■ WORK ITEM ■
Each line of the data holding "Shaft" should be found and copied.
▶
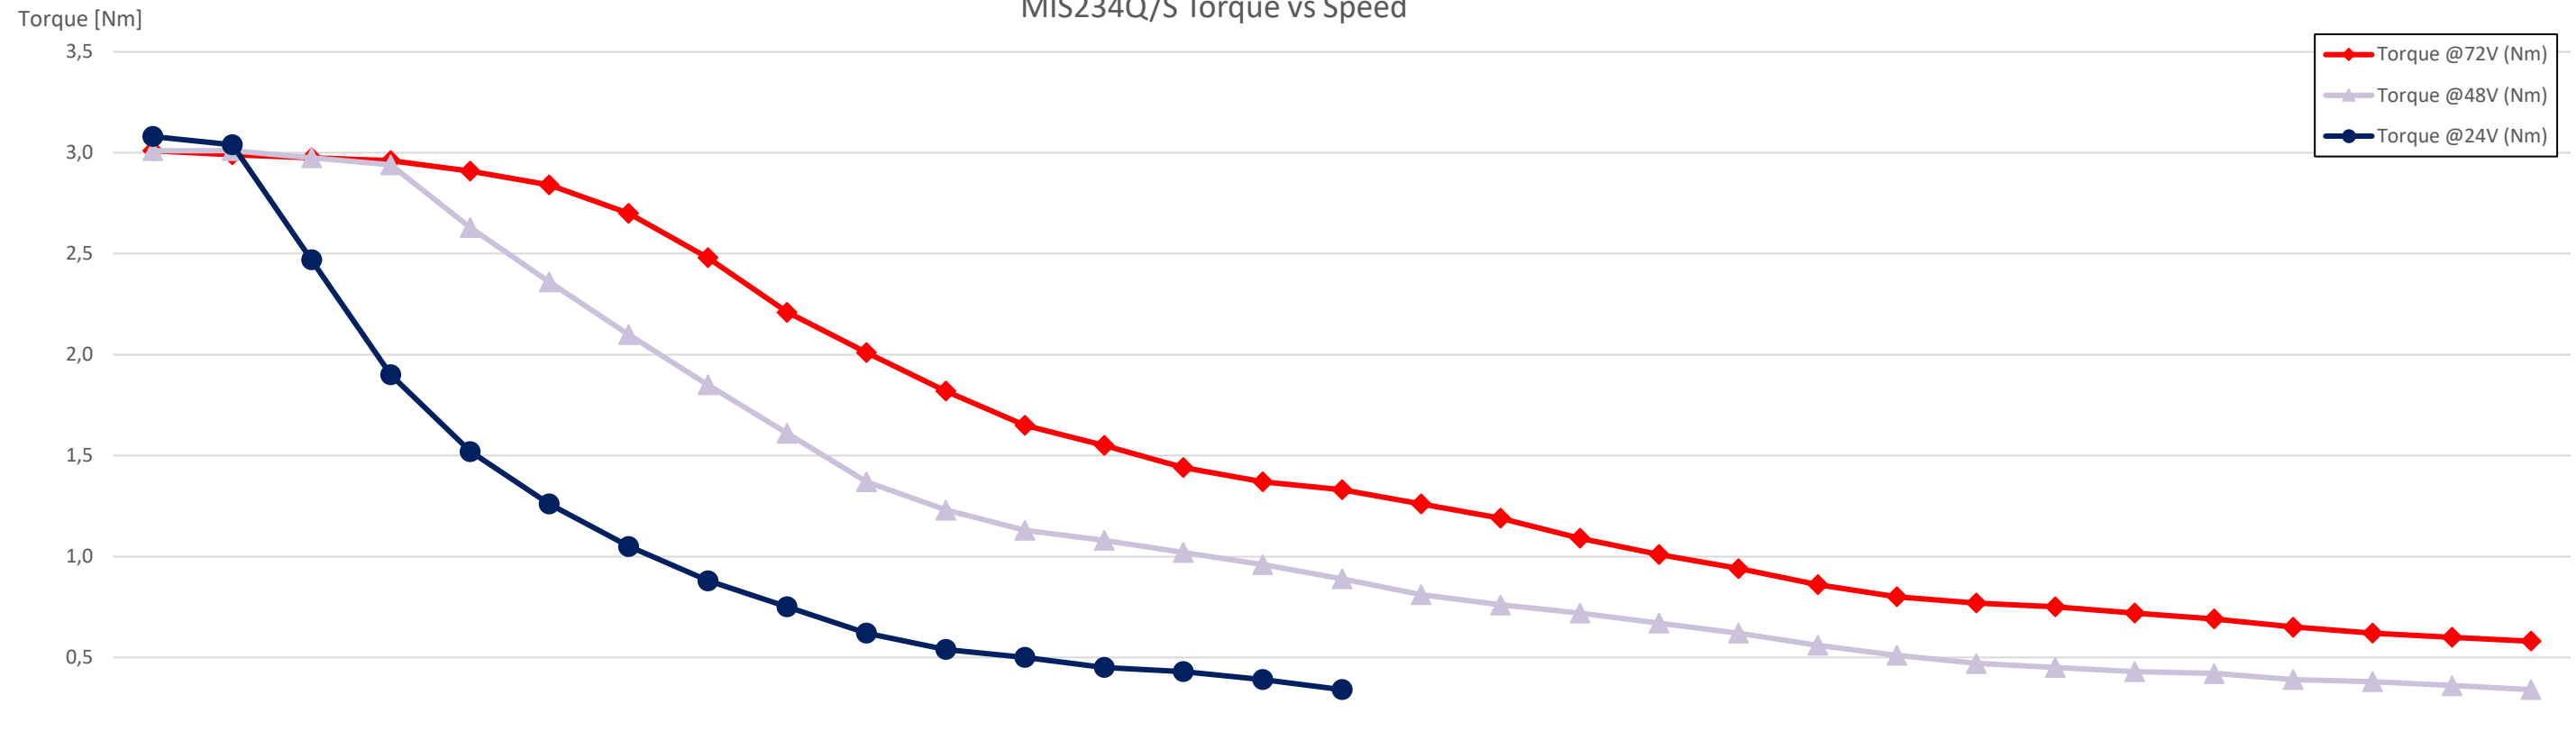

MIS234Q/S Torque vs Speed

	50	100	200	300	400	500	600	700	800	900	1000	1100	1200	1300	1400	1500	1600	1700	1800	1900	2000	2100	2200	2300	2400	2500	2600	2700	2800	2900	3000
Torque @72V (Nm)	3,01	2,99	2,98	2,96	2,91	2,84	2,70	2,48	2,21	2,01	1,82	1,65	1,55	1,44	1,37	1,33	1,26	1,19	1,09	1,01	0,94	0,86	0,80	0,77	0,75	0,72	0,69	0,65	0,62	0,60	0,58
Torque @48V (Nm)	3,01	3,01	2,98	2,94	2,63	2,36	2,10	1,85	1,61	1,37	1,23	1,13	1,08	1,02	0,96	0,89	0,81	0,76	0,72	0,67	0,62	0,56	0,51	0,47	0,45	0,43	0,42	0,39	0,38	0,36	0,34
Torque @24V (Nm)	3,08	3,04	2,47	1,90	1,52	1,26	1,05	0,88	0,75	0,62	0,54	0,50	0,45	0,43	0,39	0,34															

Speed [RPM]

MIS234Q/S Power vs Speed

	50	100	200	300	400	500	600	700	800	900	1000	1100	1200	1300	1400	1500	1600	1700	1800	1900	2000	2100	2200	2300	2400	2500	2600	2700	2800	2900	3000
Shaft Power @72V (W)	15,75	31,30	62,28	92,94	121,83	148,63	169,56	181,70	185,05	189,34	190,49	189,97	194,68	195,94	200,75	208,81	211,01	211,74	205,36	200,86	196,77	189,03	184,21	185,36	188,40	188,40	187,77	183,69	181,70	182,12	182,12
Shaft Power @48V (W)	15,75	31,50	62,28	92,32	110,11	123,51	131,88	135,54	134,81	129,05	128,74	130,10	135,65	138,79	140,67	139,73	135,65	135,23	135,65	133,24	129,79	123,09	117,44	113,14	113,04	112,52	114,30	110,21	111,37	109,27	106,76
Shaft Power @24V (W)	16,12	31,82	51,71	59,66	63,64	65,94	65,94	64,47	62,80	58,40	56,52	57,57	56,52	58,51	57,15	53,38
◀
■ TASK SOLUTION ■
Shaft Power @72V (W)	15,75	31,30	62,28	92,94	121,83	148,63	169,56	181,70	185,05	189,34	190,49	189,97	194,68	195,94	200,75	208,81	211,01	211,74	205,36	200,86	196,77	189,03	184,21	185,36	188,40	188,40	187,77	183,69	181,70	182,12	182,12
Shaft Power @48V (W)	15,75	31,50	62,28	92,32	110,11	123,51	131,88	135,54	134,81	129,05	128,74	130,10	135,65	138,79	140,67	139,73	135,65	135,23	135,65	133,24	129,79	123,09	117,44	113,14	113,04	112,52	114,30	110,21	111,37	109,27	106,76
Shaft Power @24V (W)	16,12	31,82	51,71	59,66	63,64	65,94	65,94	64,47	62,80	58,40	56,52	57,57	56,52	58,51	57,15	53,38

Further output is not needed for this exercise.